LINCOLN , SA RHÉTHORIQUE RACISTE ET SUPRÉMATISTE BLANCHE ....???

Lincoln, une idole ? Vraiment ?


Par Thomas Di Lorenzo – Le 12 février 2018 – Source lewrockwell

 

Le politicien le plus déifié de l’Amérique fête son anniversaire aujourd’hui, célébré dans tout le pays, en particulier dans les think tanks néocon et les tabloïds.
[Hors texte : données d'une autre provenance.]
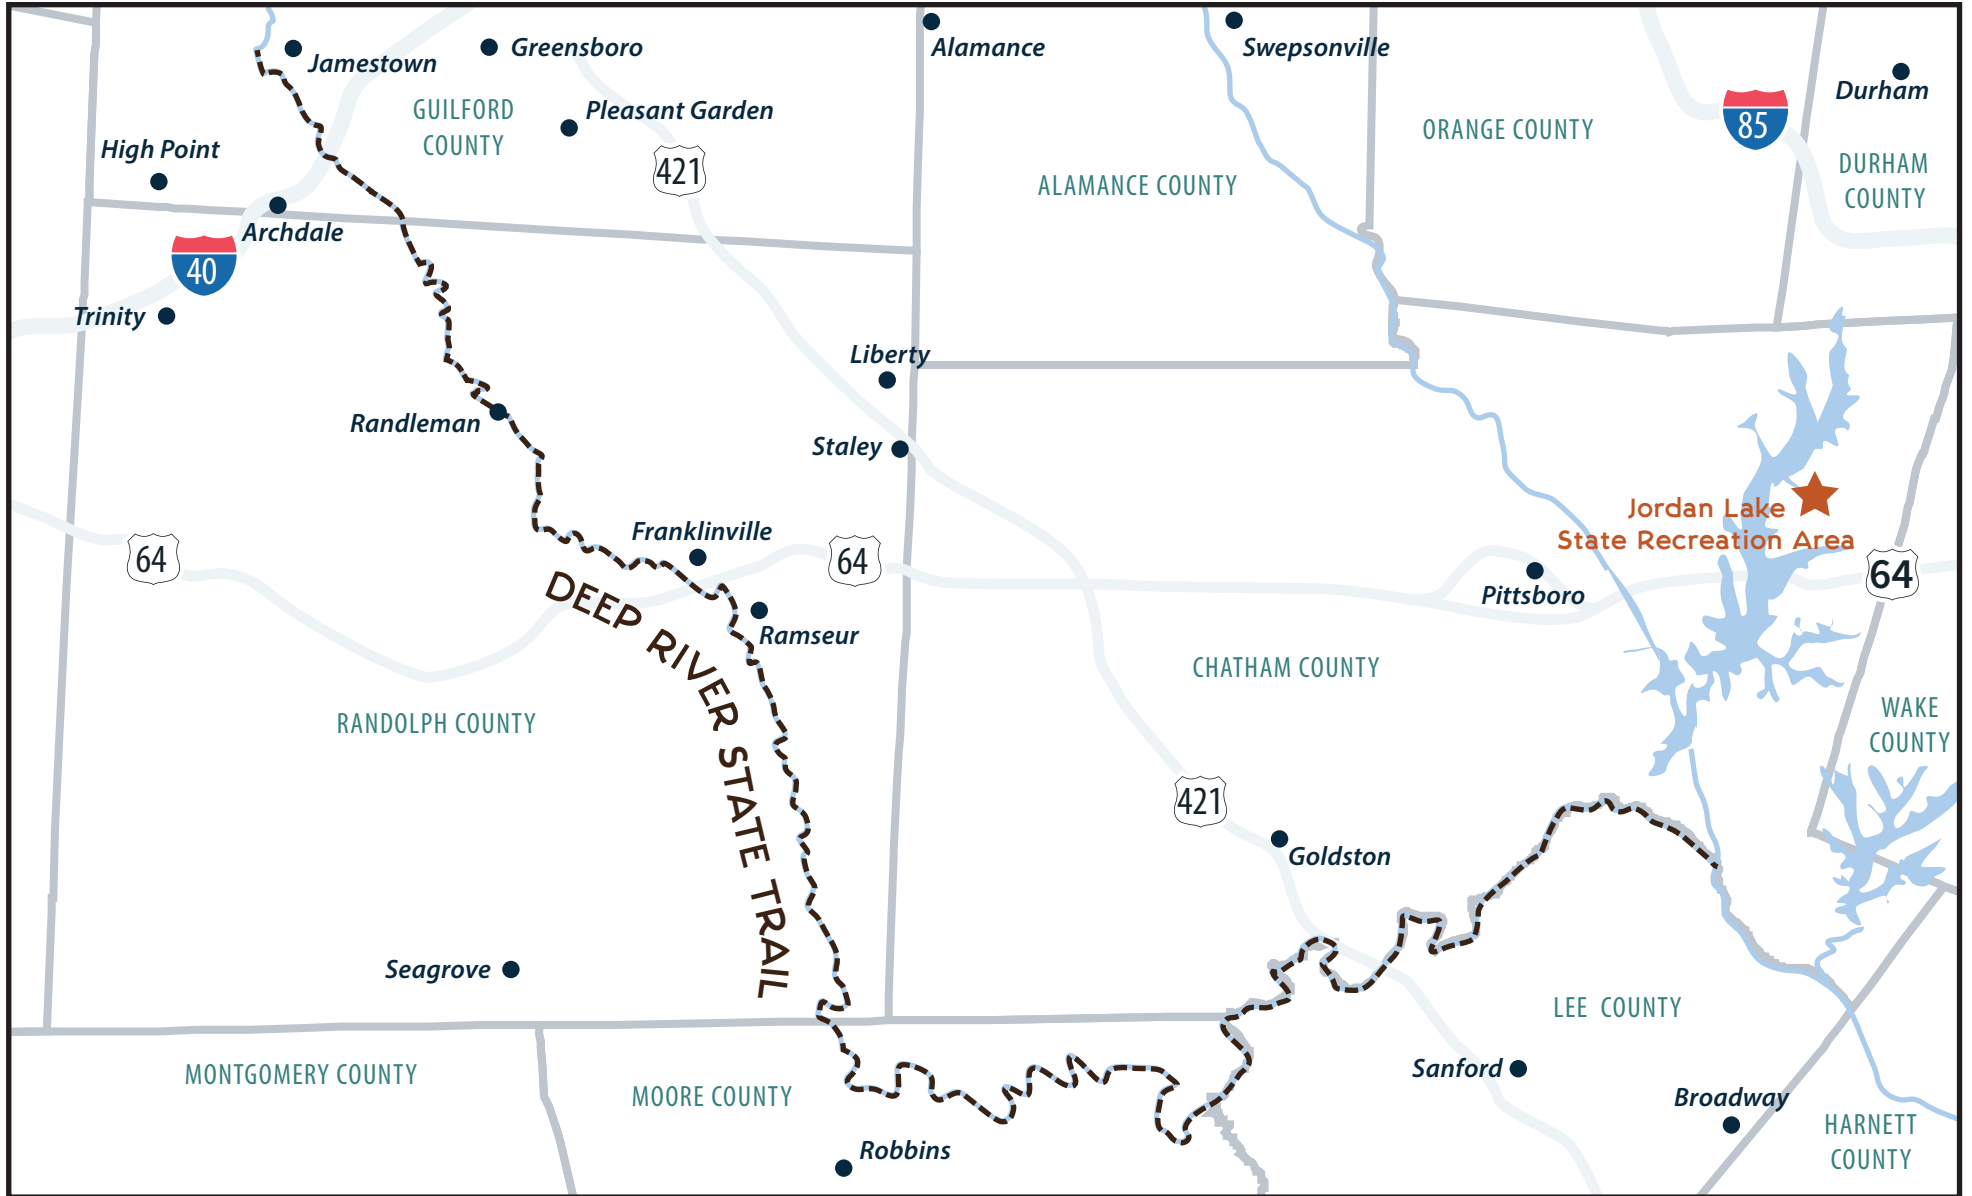

DEEP RIVER STATE TRAIL

north carolina state parks

NC TRAILS

LEGEND

--- Planned Trail

— County Line

★ State Park

● City

~ Water
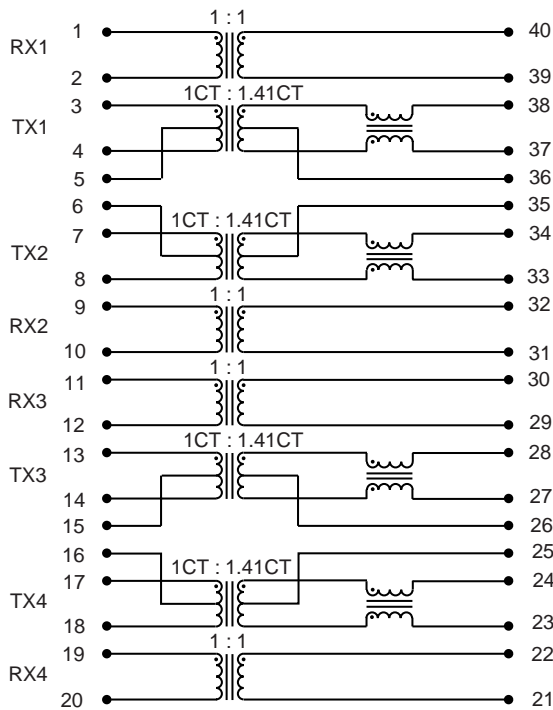

10BASE-T LAN MAGNETICS

Quad Transformer Modules

LM00501

- Transformer turns ratio RX 1 : 1 and TX 1CT : 1.41CT
- Filterless quad, four-port designs with common footprint and pinouts
- Optimized for use with stackable RJ-45 connectors
- Designs utilize standard 40 pin SMD packaging
- Low profile, surface mount packaging rated to 225° C peak IR reflow temperature
- Quad design offers best space, performance and cost efficiency
- Operating temperature 0° to 70° C
- Minimum interwinding breakdown voltage of 1500 Vrms

ELECTRICAL SPECIFICATIONS AT 25° C

Part Number	OCL Inductance μ H min	Insertion Loss dB max	Return Loss dB min	Common to Common Mode Rejection dB min		Crosstalk dB min
		1MHz to 10MHz	1MHz to 10MHz	10MHz to 30MHz	100MHz	1MHz to 10MHz
Transformers Only						
S553-2940-02	100	-1.0	-18	---	---	-40
S553-5999-54	100	-1.0	-18	---	---	-40
Transformers and Common Mode Chokes						
S553-2940-01	100	-1.0	-18	-40	-30	-40
S553-2940-03	100	-1.0	-18	-40	-30	-40
S553-2940-04	100	-1.0	-18	-40	-30	-40
S553-2940-08	100	-1.0	-18	-40	-30	-40
S553-2940-09	100	-1.0	-18	-40	-30	-40
S553-5999-38	100	-1.0	-18	-40	-30	-40

©2001 Bel Fuse Inc. Specifications subject to change without notice. 09.01

LM00501

SCHEMATICS

S553-2940-02

S553-5999-54

S553-2940-01

S553-2940-03

©2001 Bel Fuse Inc. Specifications subject to change without notice. 09.01

MECHANICAL

S553-2940-01
S553-2940-02
S553-2940-03
S553-2940-04
S553-2940-08
S553-2940-09
S553-5999-38
S553-5999-54

Dimensions are in inches [millimeters].
Standard dimension tolerance is ±0.005 [0.13] unless otherwise noted.
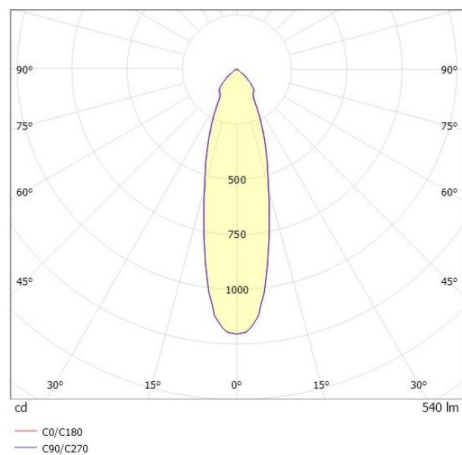

COZY

573-010081900606d

COZY DOWNLIGHT R RECESSED DOWNLIGHT made of aluminium, black, similar to RAL 9005, decor black, vacuum deposited synthetic Dark-reflector beam 24°, light output direct, UGR <22, without converter, dimmability: DALI, IP20

DRAWING

TECHNICAL DETAILS

Bulb type	LED 15W
Luminous flux [lm]	540
Colour temp. [K]	3000K
CRI	>90
UGR	<22
Optics	vacuum deposited synthetic Dark-reflector
Designer	Serge Cornelissen
Converter	without converter
Light output	direct
Beam angle [°]	24°
Voltage [V]	24 VDC
Material	aluminium
Height [mm]	67
Diameter [mm]	120
Ceiling cutout [mm]	110
Ceiling thickness [mm]	1-25
Recess depth [mm]	97
IP protection class	IP20
Voltage class	protection cl. II
Shock resistance	IK06
Net weight [kg]	0,43
Colour lamp	black
RAL	9005
Colour decor	black
EAN-Number	9010506960389
Lifetime [h]	L80 B10 50 000
Energy efficiency cl.	E

LIGHT DISTRIBUTION CURVE

The values are rated values. Power and luminous flux are initially subject to a tolerance of +/- 10%. Colour temperature tolerance: +/- 150 K. The values apply to an ambient temperature of 25°C unless otherwise specified.
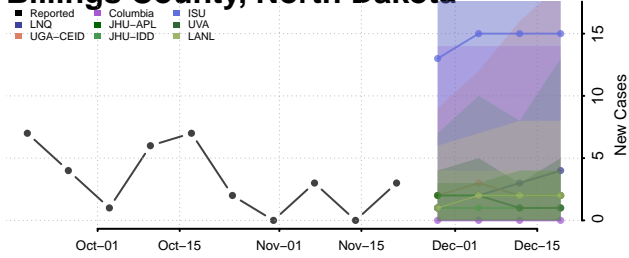

Billings County, North Dakota
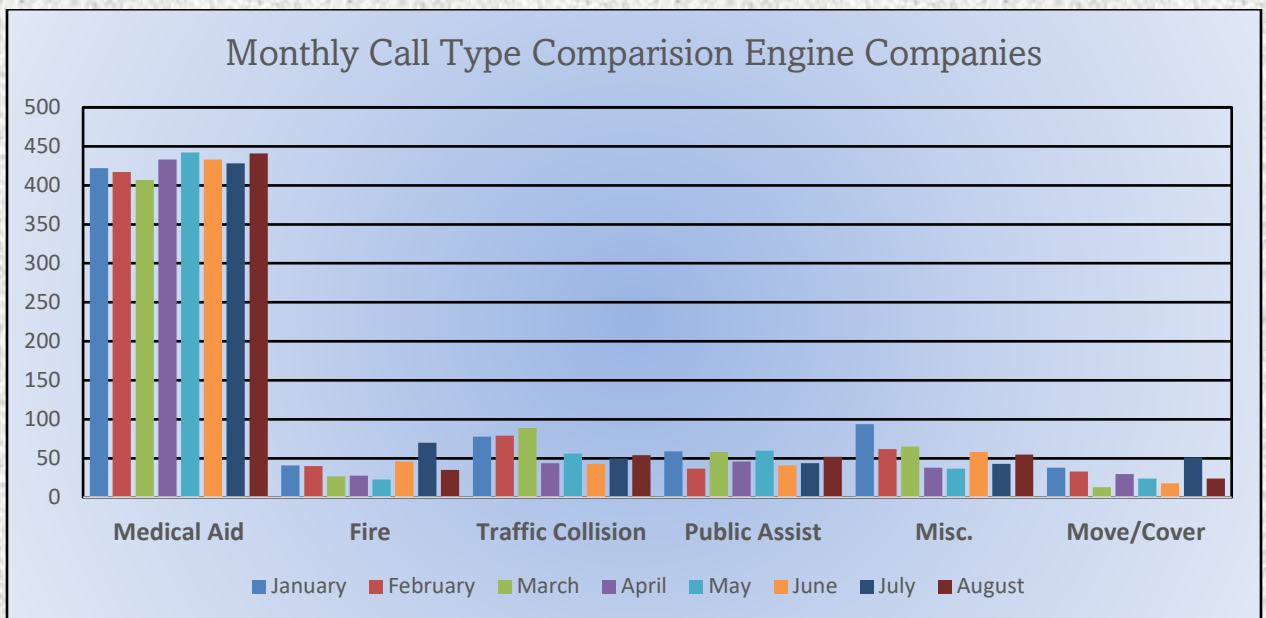

Monthly Run Statistics and Call Break Down August 2023 Engine Companies and Medic Units

Total Responses for Engine Companies: 672

Je parle bien sûr de l’homme que l’aile straussienne du néoconworld appelle « le père », Abraham Lincoln.

 

J’ai donc pensé offrir quelques suggestions de lecture dans le cadre de la célébration d’aujourd’hui.

 

Lincoln était de loin le plus détesté, méprisé et insulté de tous les présidents américains au cours de sa vie, comme l’écrit l’historien Larry Tagg dans son livre « The Unpopular Mr. Lincoln : le président le plus détesté de l’Amérique ». Sa déification a été l’œuvre posthume de la machine de propagande du Parti républicain.

 

Lincoln a été très prudent dans son expression quand il a expliqué au monde, dans son premier discours inaugural et d’autres discours, qu’il était disposé à inscrire explicitement l’esclavage dans le texte de la Constitution (avec l’Amendement Corwin) et qu’il envahirait tout État de l’union qui refuserait de percevoir la taxe tarifaire fédérale nouvellement doublée et d’en envoyer le produit à Washington, DC. Les soi-disant experts universitaires de Lincoln mentent effrontément à ce sujet, en d’autres termes.

 

L’invasion des États du Sud par Lincoln – définis comme libres et indépendants dans la Déclaration d’Indépendance – était la définition même de la trahison en vertu de l’Article 3, Section 3 de la Constitution, qui définit comme seul motif de trahison l’engagement d’une guerre aux États-Unis, ou l’aide et le réconfort accordé à leur ennemi.

 

Le mot « leur » désignant  l’ensemble des États, signifie que la guerre contre la Caroline du Sud, la Virginie etc., est une trahison.

 

Lincoln était le plus grand ennemi que le premier amendement ait jamais eu, même pire que John Adams, il a mis en œuvre l’acte de sédition qui a fait qualifier son administration de criminelle.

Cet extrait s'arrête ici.